With Google stock falling sharply, some investors are turning to other companies to fill the void.
But even that is a risky business.
The stock market is a highly volatile one, with many companies struggling to break even in the face of the stock market’s recent volatility.
In fact, as the company’s market cap has dropped to less than $50 billion, it’s now facing a much smaller market cap than it did before the recent dip.
So, when Google’s stock fell so precipitously, it also helped push other companies into the market.
While it’s not a new phenomenon for Google to drop stock prices, it does have a history of dropping the stock price during recessions, and it has a history with its stock price going down when other companies were hurting.
In the late 1990s, Google had a great run, and the company experienced its largest growth in years.
It even had a significant impact on the stock prices of many of its competitors.
But the market’s continued decline over the past several years has made it a more risky market for investors.
Some analysts have even suggested that Google is going to have to sell its stock as part of a restructuring.

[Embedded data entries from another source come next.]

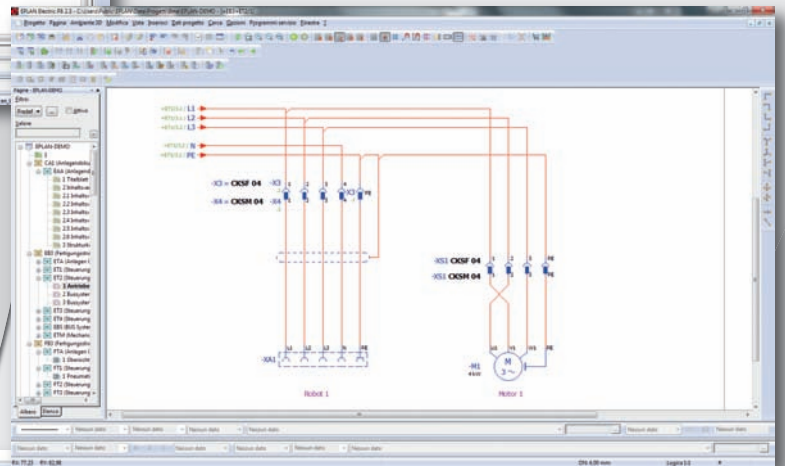

Parts data set includes:

- part record fields
- function template
- schematic macro
- PDF documents and JPG images

ILME data base available on www.ilme.com

EPLAN Electric P8

Over **3000 components**
available online
via the DATA PORTAL

Google itself has said it is not going to do that, and some investors have even floated the idea that Google might even go through with a massive IPO.
But some investors still want Google to keep its stock prices high.
This includes some of the largest investors in the company, such as Facebook’s Mark Zuckerberg, who bought a controlling stake in the stock earlier this year.
And Google’s current CEO Sundar Pichai has said that he wants to keep the stock high and have Google’s success continue.
“The bottom line is that we believe in the value of our stock, we believe that Google deserves high valuations, and we want Google stock to stay high,” Pichau told Bloomberg on Thursday.